Sometimes the paragraphs are lined up and connected: they support one another and make sense. And sometimes they don’t.
I wanted to say something about stories, and about me, and the people I spend time with. And who we think I am and what I think they are and why things are that way.
This is a memory:
A novel arrives in my mailbox, sent anonymously, but I know, without a doubt, who it’s from. And I can never read the tale again, or feel remotely similar to how I felt when I first sat down to read it, without at the same time recalling the words on the attached note, and the face of the one who wrote it.
This is another:
We had very little in common once the beer was gone, you and I, but there was this: ever so often we would rush to town together searching for the same book. Then we took it home with us; battled over who would get to read it first, or maybe if one could read while the other slept, and when I reached the end of the last chapter, I could rely on you: you would know when to light a cigarette for me, or you would roll about and hug me back, for no other reason than the excitement about the story. You understood that, and while I no longer particularly want to hug you, I am a bit sad that there was no one to replace you for those sort of moments.

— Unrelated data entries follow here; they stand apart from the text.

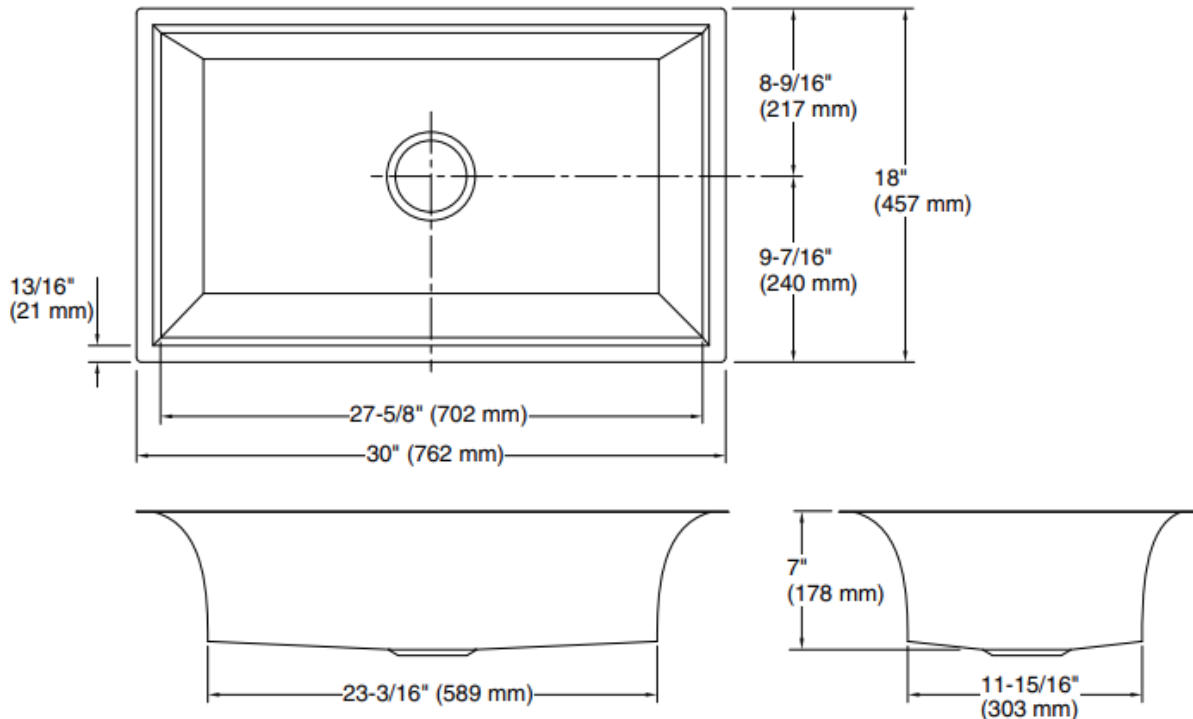

Brand : KALLISTA,USA
 Name : Bacifoire 30" Butler Sink
 Item Code : L20312-00-PDS
 Designer : Mick De Giulio
 Color / Finish: Polished Distressed
 Dimensions : 762 x 457 x 589 mm

Product info:

- Butler Sink
- 16-gauge, polished distressed stainless steel
- Flower inspiration for shaping of interior bowl design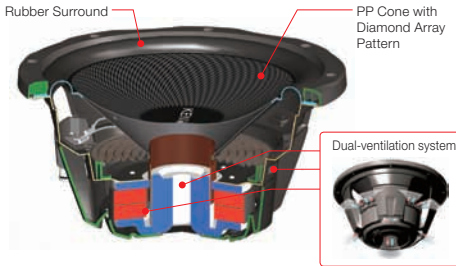

SUBWOOFER WITH DUAL VENTILATION SYSTEM

The KFC-W3013PS subwoofer is a Rubber Surround system featuring a polypropylene cone with a Diamond Array Pattern. Rubber Surround reduces noise at high power input and the Diamond Array Pattern increases the cone strength by its rib-effect. The subwoofer also features unique Dual Ventilation System that lets out air from the back and all sides of the subwoofer, contributing to improved heat dissipation and superior overall bass reproduction.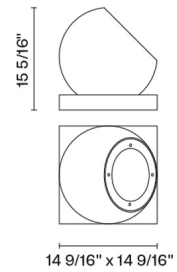

Beluga Alu D57C09A11

Marc Sadler

Fixture Type
Project Name

Dimensions

Description

Table lamp with polished die-cast aluminium structure. Adjustable light frame.

Voltage
120V

Socket
1xG12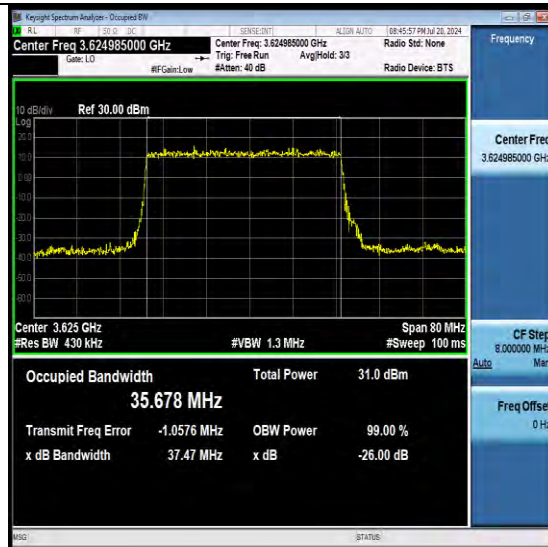

NTNV-N48-PC3-30-40-M-DFT-PI2BPSK-Outer_Fu II-Ant1-PASS

And I find myself talking to someone new: I talk and talk until, quite suddenly, I do not talk anymore, not even enough to say good night before I disappear. Had I been meaning to tell a story, I would be showing my audience why, but I am not, so I won’t. I forget, most of the time, that people are people, and not stories. I forget, I think, that I am not a story either, but I can’t get rid of the narrator.
Until in a rush of dread and panic I remember: and then there is no story anymore, and that I do not know how to respond to. I retreat to my bookshelves, and do not bestow any good night wishes upon you. I tell the stories of what is and what was: of the things that never were, and others that likely never will be, and a hundred thousand scenes in which I did not play the part of the clown, and I fall asleep.